Entrevista
O Fado de Cuca
Foi gratificante ver um trabalho que
demorou cerca de um ano a preparar chegar este mês de Maio às
lojas?
É muito gratificante. Nós fazemos
"coisinha a coisinha" e todos juntos tentamos dar o nosso melhor.
Especialmente neste trabalho, procurei fazer fados de raiz.
Mantendo a origem e o respeito pelo fado, este estilo de música que
tanto amo. Trabalhei para que chegue às pessoas a minha mensagem: a
importância que o fado tem para o nosso país; a beleza e a emoção
que passa.
Neste disco
há de certa forma o fugir do chamado "lugar de conforto". É uma
interessante aventura este risco calculado?
Eu nunca lhe chamo "risco", aquilo
que os outros chamam "risco", eu chamo experiência. Mesmo que erre,
ou falhe alguma coisa, isso dá-me experiência para depois fazer
melhor. Quando alguém diz " risco" ficamos com medo de seguir o
nosso instinto, de partilhar alguma coisa que queremos partilhar.

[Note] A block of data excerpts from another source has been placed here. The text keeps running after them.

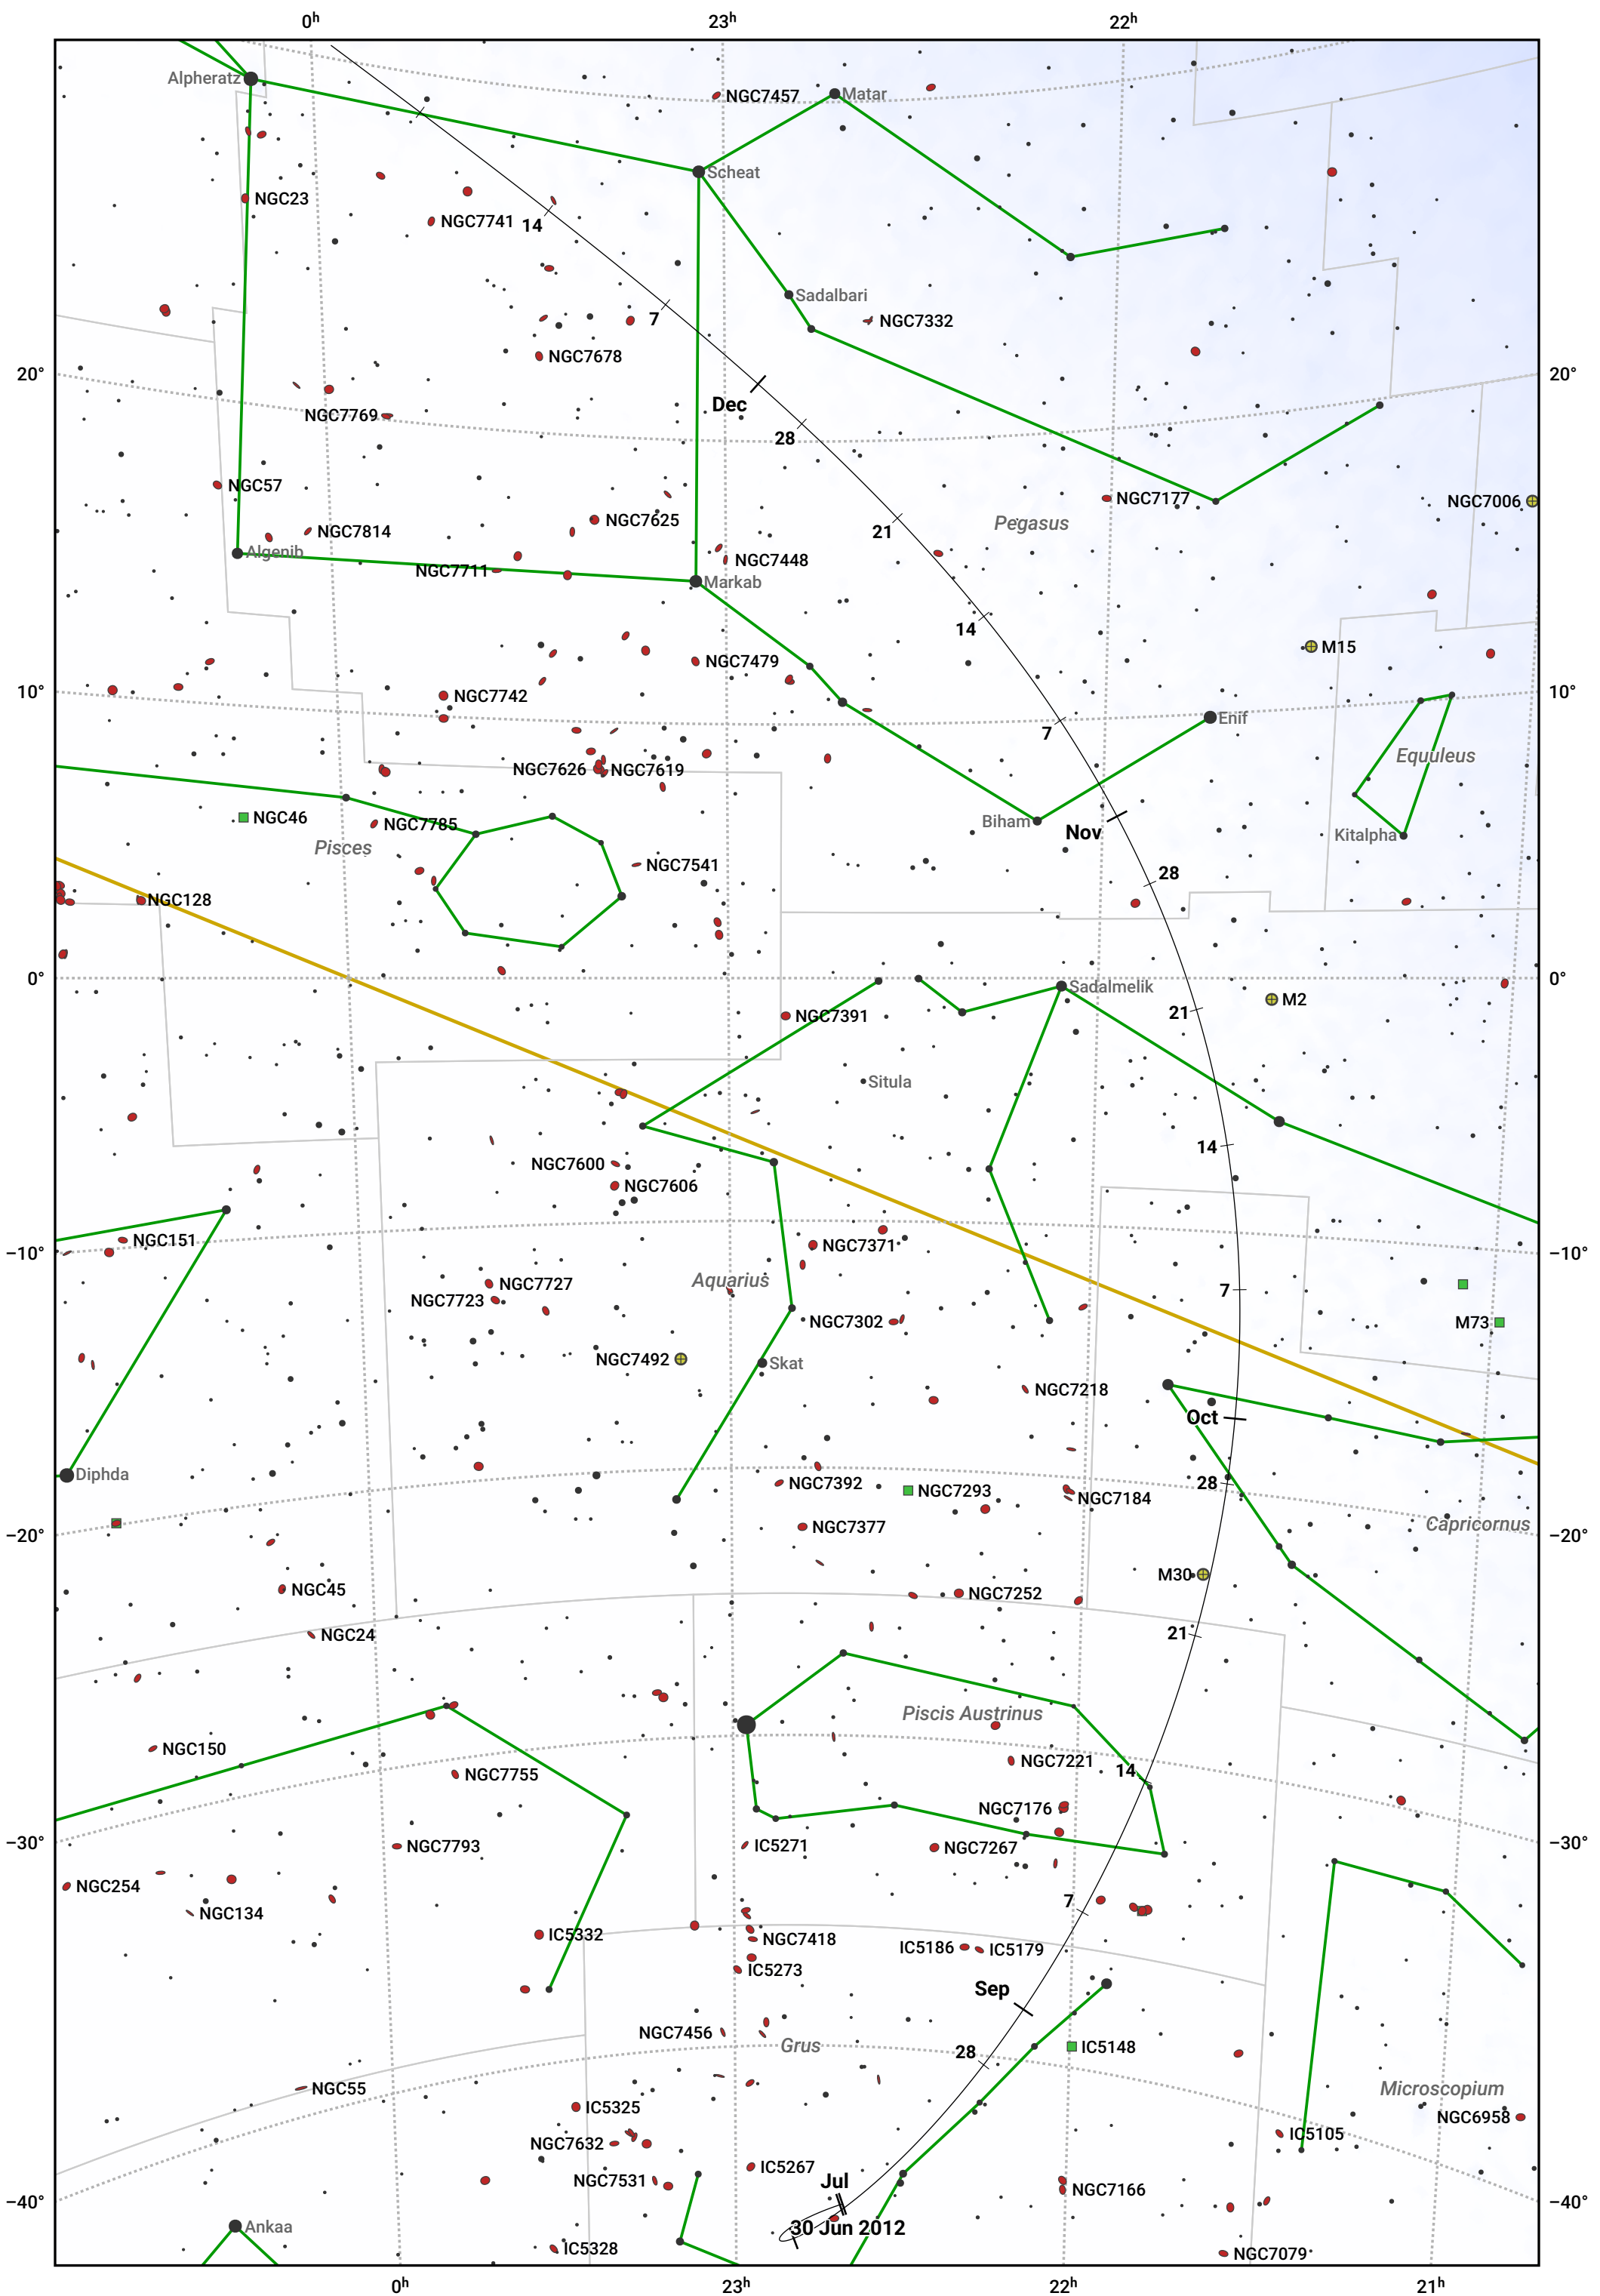

The path of 168P/Hergenrother starting on 30 Jun 2012

© Dominic Ford 2011–2024. Date markers placed at midnight UTC. Downloaded from <https://in-the-sky.org>

Magnitude scale: • 7.0 • 6.0 • 5.0 • 4.0 • 3.0 • 2.0 • 1.0

— Ecliptic Plane

● Galaxy ■ Bright nebula ○ Open cluster ⊕ Globular cluster

Date	Mag
2012 Jul 1	12.2
2012 Jul 28	11.2
2012 Aug 27	10.2
2012 Sep 1	10.1
2012 Nov 1	10.1
2012 Dec 11	11.2

Sou um pouco aventureira, nesse sentido, e firme. Tinha uma
mensagem a passar em relação ao fado e aventurei-me a fazer os meus
próprios fados e letras. Os fadistas deviam aventurar-se mais. Há
muitos fadistas a escolherem compositores novos e letristas, para
criar fados originais. Porque não serem eles próprios a criá-los e
haver um bocadinho mais do próprio artista no fado? Esta é uma
música que vai ao fundo da alma. É completamente pura, crua e
verdadeira. É preciso tentar que exista uma entrega ainda maior,
para além da interpretação. Nesse sentido, fui levada pelo destino
a fazer "Raiz".
O título
seleccionado para este registo chama-se Raiz. É essa profundidade
que tentou explorar no Fado?
Sim. É a minha raiz, mas é também o
respeito pela raiz do fado, em algo novo. E raiz de Portugal, no
estrangeiro, porque este disco será internacional. Já tenho tours
agendados, para 2013 e 2014. Gosto muito de levar a nossa música, o
nosso país e a nossa cultura, para o estrangeiro. Raiz é um título
que encaixou perfeito na minha personalidade e na mensagem que
queria passar. É a pureza e a verdade de um género musical que não
tem maquilhagem, nem produção nenhuma. Vejo esta personalidade do
fado, pura e crua, também ligada à natureza, que é a essência das
coisas. Raiz é a metáfora perfeita para título deste disco.
Há
diferenças entre este trabalho e o disco de estreia, nomeadamente
na aventura de criar a letra e a música, da maioria dos temas. Há
também algumas participações especiais, o Tozé Brito, por exemplo,
e, uma surpresa, o André Sardet…
Gosto muito do André e da sua
música e achei que os dois juntos íamos conseguir criar um fado. O
André é de Coimbra e eu gosto muito do som da guitarra e do fado de
Coimbra. O tema não é um fado de Coimbra, é um encontro entre a
guitarra de Coimbra e o fado de Lisboa; e o encontro entre uma
música do André e uma letra minha. É o fado do Perdão, ficou muito
bonito. Têm de ouvir, o André fez um fado maravilhoso.
O primeiro
avanço deste disco já é conhecido há algum tempo. Tem recebido
críticas positivas sobre esse single?
Tenho recebido críticas muito
positivas e inesperadas, (não que estivesse à espera de más
críticas). Eu vivo um bocadinho o momento e realizo o meu sonho
todos os dias, quando sinto que posso dedicar-me ao máximo à
música. Enquanto estamos a trabalhar diariamente, nas músicas e nos
concertos, não vemos as coisas que estão a acontecer, ao mesmo
tempo. A música está a passar em muitos sítios, e de repente
recebemos mensagens maravilhosas, por exemplo, na página do
Facebook. É uma alegria imensa. Este disco tem tido uma aceitação
muito bonita por parte da imprensa, dos fadistas e das pessoas que
gostam do fado.
Os fadistas
portugueses arriscam pouco? Têm algum receio de inovar?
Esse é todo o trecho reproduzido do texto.